Spices enhance the flavour of food and can help to reduce the amount of salt used in cooking, which is good for people with high blood pressure.  Adding spices to food is also a good way to ‘tantalise the taste buds’ and there are many ways to include these in our cooking in the place of salt.

Interesting ways to include more Indian spices into your diet

  • Add turmeric to scrambled egg
  • Add curry powder to boiled rice
  • Use spices to create rubs and marinades for meats
  • Spices such as cumin and ground coriander work well in salad dressings
  • Try adding curry powder or garam masala to traditional homecooked dishes such as shepherd’s pie for an Indian twist
  • Spice up a jar of tomato cook-in-sauce with Indian spices that could include garam masala, curry powder, mustard seeds, turmeric or fresh curry leaves.
  • Try making homemade cashew nut milk with turmeric (great served hot or cold).

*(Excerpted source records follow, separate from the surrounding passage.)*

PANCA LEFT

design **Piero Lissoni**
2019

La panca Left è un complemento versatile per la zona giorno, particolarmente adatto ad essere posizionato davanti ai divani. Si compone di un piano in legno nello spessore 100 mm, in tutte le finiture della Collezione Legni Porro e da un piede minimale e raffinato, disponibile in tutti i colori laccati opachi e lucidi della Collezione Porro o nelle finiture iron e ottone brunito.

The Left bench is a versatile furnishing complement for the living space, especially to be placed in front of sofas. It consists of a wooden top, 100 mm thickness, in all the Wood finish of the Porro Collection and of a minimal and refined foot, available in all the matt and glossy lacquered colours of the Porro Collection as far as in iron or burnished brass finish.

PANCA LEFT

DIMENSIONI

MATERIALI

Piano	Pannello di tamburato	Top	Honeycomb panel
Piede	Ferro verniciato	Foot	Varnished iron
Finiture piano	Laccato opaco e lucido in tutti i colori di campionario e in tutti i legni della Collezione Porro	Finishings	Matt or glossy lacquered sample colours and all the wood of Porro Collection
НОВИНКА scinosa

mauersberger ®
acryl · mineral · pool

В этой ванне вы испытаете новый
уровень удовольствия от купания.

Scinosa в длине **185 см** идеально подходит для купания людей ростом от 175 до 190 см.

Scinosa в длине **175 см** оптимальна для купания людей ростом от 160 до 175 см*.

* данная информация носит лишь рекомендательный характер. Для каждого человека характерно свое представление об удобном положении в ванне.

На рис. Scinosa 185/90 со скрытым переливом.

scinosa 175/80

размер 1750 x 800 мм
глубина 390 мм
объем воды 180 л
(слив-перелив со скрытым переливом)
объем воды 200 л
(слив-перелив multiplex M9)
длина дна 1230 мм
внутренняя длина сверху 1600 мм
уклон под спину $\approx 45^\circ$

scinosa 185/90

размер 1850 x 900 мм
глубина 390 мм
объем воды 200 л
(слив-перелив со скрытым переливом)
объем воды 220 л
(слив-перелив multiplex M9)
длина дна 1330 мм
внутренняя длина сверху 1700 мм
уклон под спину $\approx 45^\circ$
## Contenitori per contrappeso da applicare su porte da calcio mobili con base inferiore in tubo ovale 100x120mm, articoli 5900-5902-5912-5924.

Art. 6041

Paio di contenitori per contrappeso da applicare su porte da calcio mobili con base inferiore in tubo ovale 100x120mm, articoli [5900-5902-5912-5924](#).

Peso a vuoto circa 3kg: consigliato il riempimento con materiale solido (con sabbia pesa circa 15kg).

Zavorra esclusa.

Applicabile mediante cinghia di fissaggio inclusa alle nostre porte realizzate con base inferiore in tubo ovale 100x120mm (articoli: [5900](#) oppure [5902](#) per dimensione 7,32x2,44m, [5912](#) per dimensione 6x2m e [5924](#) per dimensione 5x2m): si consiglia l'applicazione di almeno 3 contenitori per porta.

Add 100g of raw cashew nuts, 1 tsp of turmeric powder, 1 tsp of ground cinnamon and 2 tsp of honey to a high-powered blender with 500ml of water then blitz until smooth.  You can loosen the consistency by adding more water if you like.
  • Add curry powder or garam masala to basic vegetable soup recipe or even shop-bought fresh soups for an Indian twist.

Plant-based eating

There are many benefits associated with eating more plant-based foods.  As a nation we do not eat enough fruits and vegetables with only a third of people managing to meet the five-a-day guidance (5).  Plant foods also provide a rich source of fibre that has been shown to help with good digestion and reduce the risk of heart disease, colorectal cancer, diabetes and help with weight loss.  In the UK it has been shown that less than 10% of adults achieve the recommended daily intake of 30g per day (5).

Anecdotally, many people find vegetables boring to eat and often say that they don’t enjoy the flavour.  In my experience of cooking with people, I have found that with a little inspiration, even the most disliked vegetables can be reinvented with the use of spices and become something completely different.  Spices can also be used to add an Indian twist to vegetarian dishes.

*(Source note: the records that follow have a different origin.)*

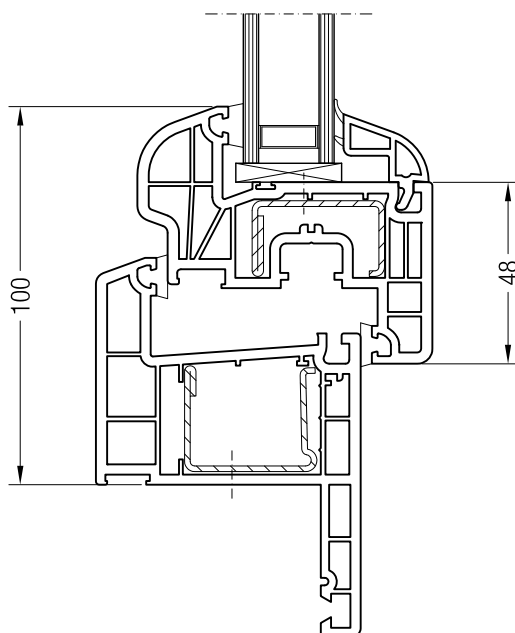

Чертежи узлов окон и балконных дверей
Коробка 60/40 и створка 48 круглая, Z 52, A 52, A 60, 60 круглая

Коробка 60/40, 550790 и створка 48 круглая, 550481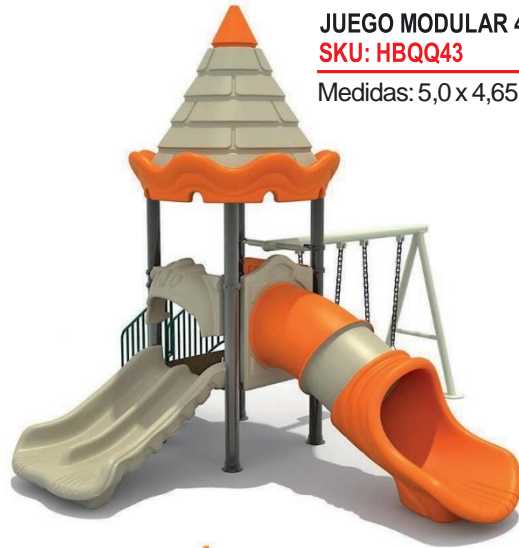

JUEGO MODULAR 43

SKU: HBQQ43

Medidas: 5,0 x 4,65 x 4,05 m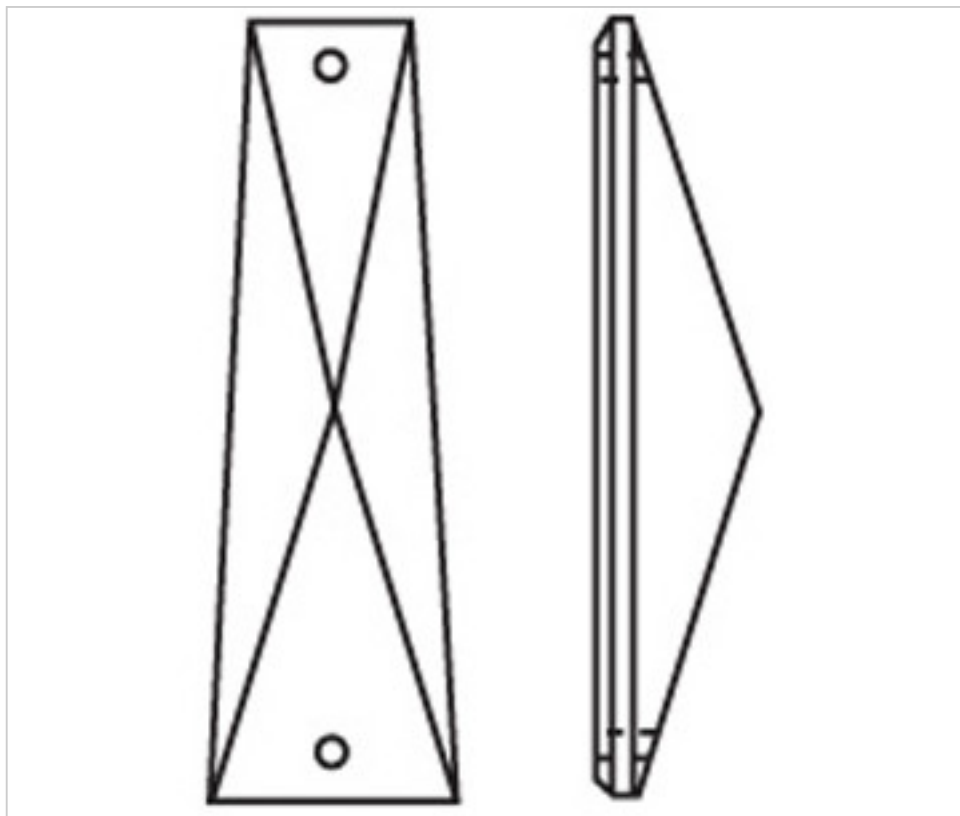

CRISTAL POUR LAMPES > SCHOLER CRYSTAL AUTRICHIEN > LIGNE SCHÖLER FANTASTIQUE  
Rallonges "Fantastic"

D926051

Prisme 3260/52x18mm 2 trous

3 nov. 2024

**PRIX**

Lot	Prix sans TVA
1	1,24€
30	0,82€
210	0,71€

Suite à la page suivante >>

CRISTAL POUR LAMPES > SCHOLER CRYSTAL AUTRICHIEN > LIGNE SCHÖLER FANTASTIQUE  
Rallonges "Fantastic"

D926051

Prisme 3260/52x18mm 2 trous

## AUTRES CARACTÉRISTIQUES

---

Longueur (mm): 52

Largeur (mm): 18

Couleur: Transparent

## DOCUMENTS

---

 [Prisme 3260/52x18mm 2 trous](#)

Indian spices are always a great way to spice food and these are just a few ways to turn a plain old vegetable or vegetarian dish into something that’s irresistibly delicious:

  • Rub cauliflower with curry paste and roast in the oven.
  • Combine a 400g can of chickpeas (drained) with 1 tbsp of garam masala or curry powder and roast in the oven at 180C for 30 minutes.
  • Stir-fry okra with chopped red onion, ginger and cherry tomatoes, and fresh curry leaves.
  • Fry mustard seeds and crushed coriander seeds in a pan with a little oil until they begin to pop. Take them off the heat and stir through blanched green beans with a little oil.
  • I’m always looking for ways to make cooking tofu more enjoyable and found that it lends itself well to Indian cuisine and is a great alternative to paneer. I also discovered recently that you can bake tofu, which gives it a firm meaty texture.  You need to choose extra firm varieties and it can be marinated before or after cooking.
  • Learn to make a basic dhal recipe such as this one from mine and Lily’s cookbook

Healthy curry food swaps

There’s no doubt that many of us choose to eat curry on a night out or as take-away on a night in, but it doesn’t need to be a calorie laden affair.

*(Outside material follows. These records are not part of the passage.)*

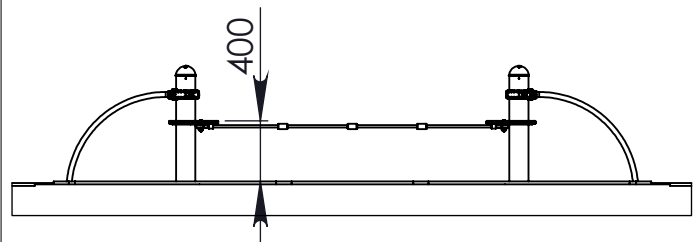

A580

Arizona

Montagehandleiding
Notice de montage
Assembling manual
Montageanleitung
Instrucciones para el montaje

Leeftijd:
Age: 6-12
Age group:
Alter:
Edad:

EUROPLAY nv
Eegene 9
B-9200 DENDERMONDE
tel. 32.52.22 66 22
fax.32.52.22 67 22
www.europlay.eu

Dat.: 25/06/2013
Page: 1/6

VALHOOGTE / HAUTEUR DE CHUTE
FALL HEIGHT / FALLHÖHE / ALTURA DE CAÍDA

VEILIGHEIDSAFSTAND / ESPACE DE CHUTE / SAFETY AREA /
SICHERHEITSAFSTAND / ZONA DE SEGURIDAD

AFMETINGEN
DIMENSIONS
MASSE
DIMENSIONES
L : 3783
H: 763
Br: 460

  • Rather than ordering a meal solely for yourself, opt for sharing and choose plenty of plant-based options such as lentils and vegetables
  • Try choosing tomato-based curries over those laden with cream or coconut milk, which can be high in saturated fat
  • Try choosing oven cooked (tandoor) meats such as chicken and teaming them with vegetable dishes
  • Ditch the breads such as chapatti and naan

The true health benefits of curry are often overshadowed by the reputation this type of food has acquired.  The use of spices and plant-based foods are at the root of the health benefits associated with this the of cuisine.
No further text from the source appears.